My Family is No Different
We have, and continue to have, all of the above things and the “so much more” times a million. What started as one child exhibiting out of control behaviors due to FASD, PTSD, RAD, blah blah blah trickled down to other children. Another child exhibiting similar, yet different behaviors. Then, a third child going above and beyond. Lastly, the fourth child struggles with anxiety and more.
It has wreaked havoc on my person, my husband, other children, even my pets will lose hair when life is escalated in my home. This usually occurs November-March and then in July-October…which as I look at that typed out, it is from October-July. That gives us 2 mths trauma-free.
All the Things We Have Tried
We have done the things. Doctors, specialists, therapists, counselors, pastors, family, medication, routines, no routines, homeschool, private, public…All. The. Things. One child, nothing has worked for that child. Another child, we hope is in the process of healing. The third child is amped up right now. The fourth child, we just deal with it day by day.
I am exhausted. My husband is exhausted. Honestly, even the kids are exhausted. Mix all this crap in with a pandemic and being in this house and you have Funville. My underwear drawer no longer holds underwear. It is stocked FULL of candy. I wake up, in the morning, with a bag of snickers under my arm and wrappers everywhere.
There is a newfound love of Limeade Slushes. My teeth are going to rot out of my head. I have become a human GPS because I take LONG drives on roads I have never heard of. My favorite past time is driving to my neighbors and seeing if their pig is in the front yard. I cry…a lot.
Sadly, I feel like my family is falling apart. That Scripture of satan lurking around the corner to devour my family, it is happening! Honestly, at warp speed. I have so many words and so much has happened that my fingers will not move as fast as my brain.

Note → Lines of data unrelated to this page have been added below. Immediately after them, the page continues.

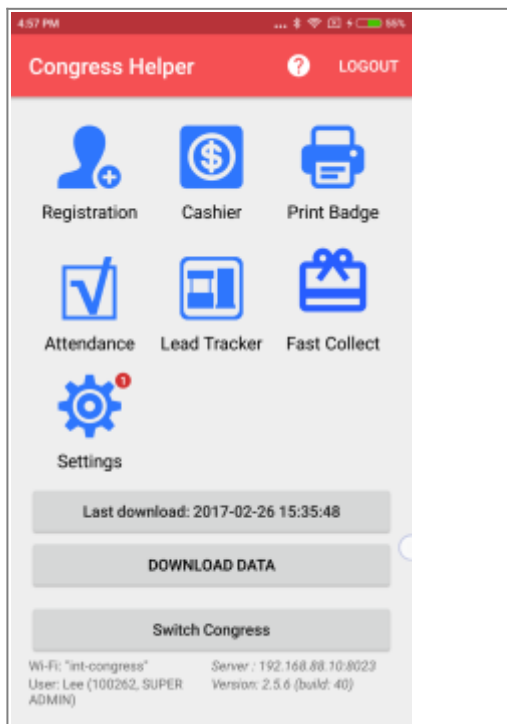

Registration Operation Manual

Below please find the operation manuals of the Congress Helper app in Registration Hall for two user roles:

- [Traffic Controller](#)
- [Registration Helper](#)
- [Cashier Helper](#)
- [Print Badge Helper](#)
- [Delegate Kit Helper](#)
- [Ribbon Helper](#)

Home Screen of Congress Helper app

From: <https://wiki.questwork.com/dokuwiki/> - **Questwork's Wiki**

Permanent link: https://wiki.questwork.com/dokuwiki/doku.php?id=course:congress_setup:operations_manual:registration:start&rev=1488101203
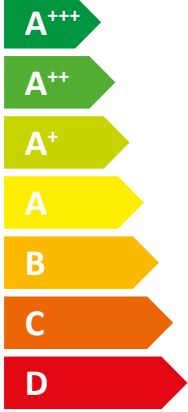

ENERG

енергия · ενέργεια

Y IJA

IE IA

STIEBEL ELTRON

LWZ 5 S Plus

A+

A

Two icons showing sound power levels. The top icon shows a speaker inside a house with the text "52 dB". The bottom icon shows a speaker outside a house with the text "52 dB".

A legend for power output levels, consisting of three colored squares with corresponding text: a dark blue square for "9 kW", a medium blue square for "6 kW", and a light blue square for "7 kW".
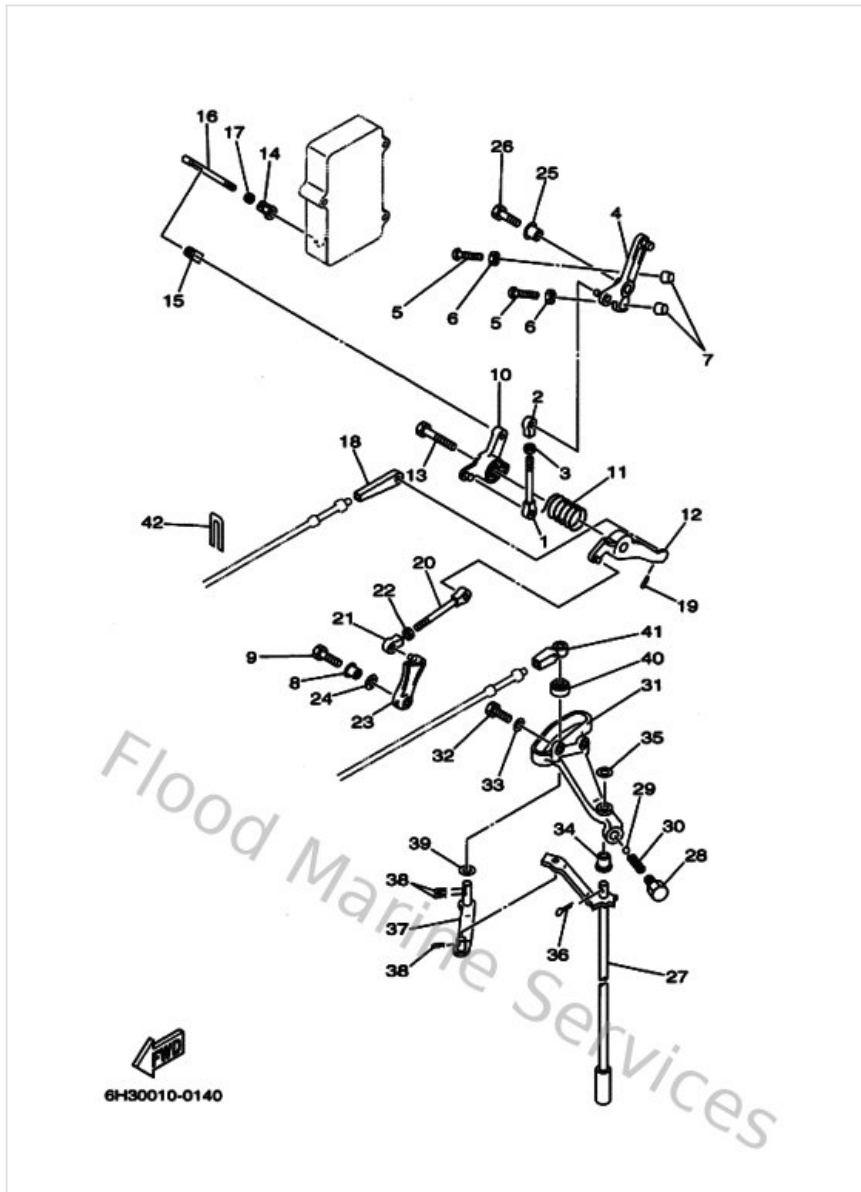

Control

Ref	Part	
16	6H3416361000 Rod, Magneto Control	Buy now
18	6H3483440000 Cable end, remote control	Buy now
19	904681800800 Clip 620436610000	Buy now
21	6H4412370000 Joint, link	Buy now
23	6H3412131000 Cam, accel.	Buy now
24	9020610M0400 Washer, wave (676)	Buy now
27	6H3441201300 Handle gear shift assembly	Buy now
28	648427150000 Bushing 2	Buy now
29	9350104M0200 Ball (697)	Buy now
30	905011208200 Spring 6484411600	Buy now
31	6J2441170194 Bracket	Buy now
32	970130602000 Bolt(62y)	Buy now
33	929900660000 Washer, plain (646)	Buy now
34	9038607M5800 Bush(6h1)	Buy now
35	929900820000 Ybs66-8 washer, plain	Buy now
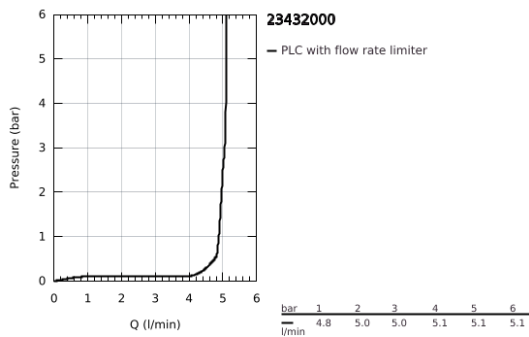

23 432 000 **EURODISC COSMOPOLITAN SINGLE-LEVER BASIN MIXER 1/2" XL-SIZE**

PRODUCT DESCRIPTION

- Colour: chrome
- single hole installation
- metal lever
- for free-standing basins
- GROHE SilkMove 35 mm ceramic cartridge
- adjustable flow rate limiter
- adjustable minimum flow rate 2.5 l/min
- GROHE LongLife finish
- GROHE EcoJoy - less water, perfect flow
- maximum flow rate (at 3 bar): 5 l/min
- SpeedClean mousseur
- GROHE Quickfix Plus installation system
- smooth body
- flexible connection hoses
- minimum pressure 1.0 bar
- optional temperature limiter ref. no. 46 375

23 432 000 **EURODISC COSMOPOLITAN SINGLE-LEVER BASIN MIXER 1/2"**
XL-SIZE

SPARE PARTS

- 1: Lever (Spare part-nr. 46738000)
- 2: Cap (Spare part-nr. 46492000)
- 3: Screw coupling (Spare part-nr. 46460000)
- 4: Cartridge (Spare part-nr. 46374000)
- 5: Mousseur (Spare part-nr. 48159000)
- 6: Shank mounting kit (Spare part-nr. 46645000)
- 7: Temperature limiter (Spare part-nr. 46375000)*
- 8: Socket Spanner (Spare part-nr. 19332000)*
- 9: Mounting wrench (Spare part-nr. 19017000)*
- * Optional accessories

Praying that this pandemic ends. I am praying for healing for my medically fragile children. Salvation for two of my kids. Wisdom with all of them. Healthy delivery for one (gonna be a granny!) A healthy relationship for two kids. School to open for one. One to come home safely. Another to stop making REALLY poor and dangerous choices.
I want my family to heal. To be whole. For God to intervene and DO SOMETHING. Honestly, I am just ready for Jesus to come riding down on His white horse and take us all home. Home…where there is no sadness, no darkness, and no pain. Just glory.
God is Bigger
I just have to trust in that…right? Right. Yes, trust. The hardest thing for me to do is trust Him with my family. Maybe that, alone, needs to be my prayer. Lord, let me trust in You that You have plans to prosper and not harm my family. Help me to realize that You and only You, can heal the fractures.